Compare cumulated capacity per country and energy source level 2 of the power plant list to data from the International Renewable Energy Agency (IRENA), ENTSO-E and Eurostat, already compiled in OPSD Data Package <a href = "http://data.open-power-system-data.org/national_generation_capacity">national generation capacity</a>.
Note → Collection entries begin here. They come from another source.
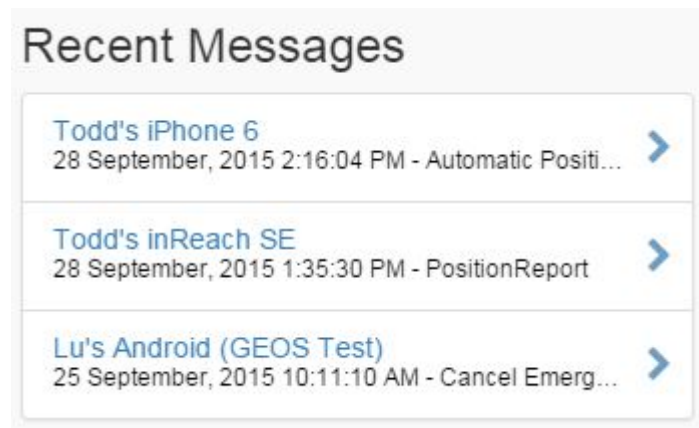

Viewing & Selecting Recent Messages from the Home tab [GPv3]

Lu Parente - 2015-09-29 - in [How-To](#)

The Recent Messages section of the Home tab will display 3 of the most recently transmitted messages from any of the active devices on your account.

1. Select any of the messages from the Recent Messages list.

2. The Inbox for the selected user will be displayed and the map will filter accordingly.
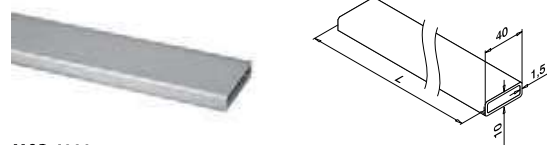

Handrailingen Buis

Q-TUBE
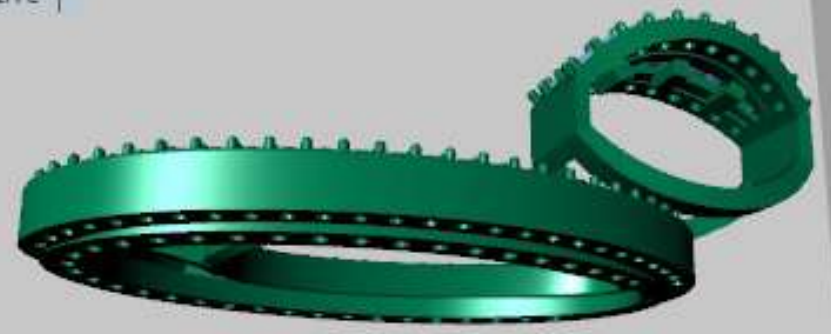

Top Front Right

Perspective

	Round	D
	1.40 X 1.40	20
	Baguette Straight	D
	1.50 X 1.20	5
	1.80 X 1.20	4
	1.60 X 1.20	1
	Custom_Baguette	D
	1.60 X 1.50	2
	2.20 X 1.50	3
	3.00 X 1.50	2
	3.50 X 1.50	2
	3.40 X 1.50	1
	2.40 X 1.50	1
	2.10 X 1.50	2
	1.50 X 1.00	1
	1.80 X 1.50	1
	Baguette Straight	D

x

x y

### 7.1.1 Download and read data for validation

#### IRENA
If automatic Download of <a href = "http://public.tableau.com/profile/irena.resource#!/vizhome/ExportIRENAData/Europe.csv">IRENA</a> data does not work, download the file Europe.csv manually and put the file into the folder _input_

#### Download function

In [None]:
def download_and_cache_Irena_Europe(url, session=None):
    """This function downloads a file into a folder called 
    original_data and returns the local filepath."""
    path = urllib.parse.urlsplit(url).path
    filename = 'Europe.csv'
    base_filepath = "input/"
    filepath = base_filepath + filename

    # check if file exists, if not download it
    filepath = base_filepath + filename
    if not os.path.exists(filepath):
        if not session:
            session = requests.session()
        
        print("Downloading file: ", filename)
        r = session.get(url, stream=True)

        chuncksize = 1024
        with open(filepath, 'wb') as file:
            for chunck in r.iter_content(chuncksize):
                file.write(chunck)
    else:
        print("Using local file from", filepath)
    filepath = '' + filepath
    return filepath

In [None]:
url = 'http://public.tableau.com/views/ExportIRENAData/Europe.csv?:embed=y&:showVizHome=no&:display_count=y&:display_static_image=y&:bootstrapWhenNotified=true'
download_and_cache_Irena_Europe(url)

In [None]:
irena_df = pd.read_csv('input/Europe.csv',
                       sep = ",",
                       decimal = ".",
                       thousands = ",",
                       encoding = 'UTF8',
                       header = 0)

In [None]:
# Select just the required values for capacity
idx_irena = irena_df[(irena_df['Flow'] == 'Total capacity (MWe)')].index
irena_df = irena_df.loc[idx_irena,('Country / Area','Sub Technology','Year','Value')]

In [None]:
# Read column and value translation list
columnnames = pd.read_csv('input/column_translation_list.csv')
valuenames = pd.read_csv('input/value_translation_list.csv')

In [None]:
# Create dictionary for column translation
idx_Europe = columnnames[columnnames['country'] == 'Europe'].index
column_dict = columnnames.loc[idx_Europe].set_index('original_name')[
                                                           'opsd_name'].to_dict()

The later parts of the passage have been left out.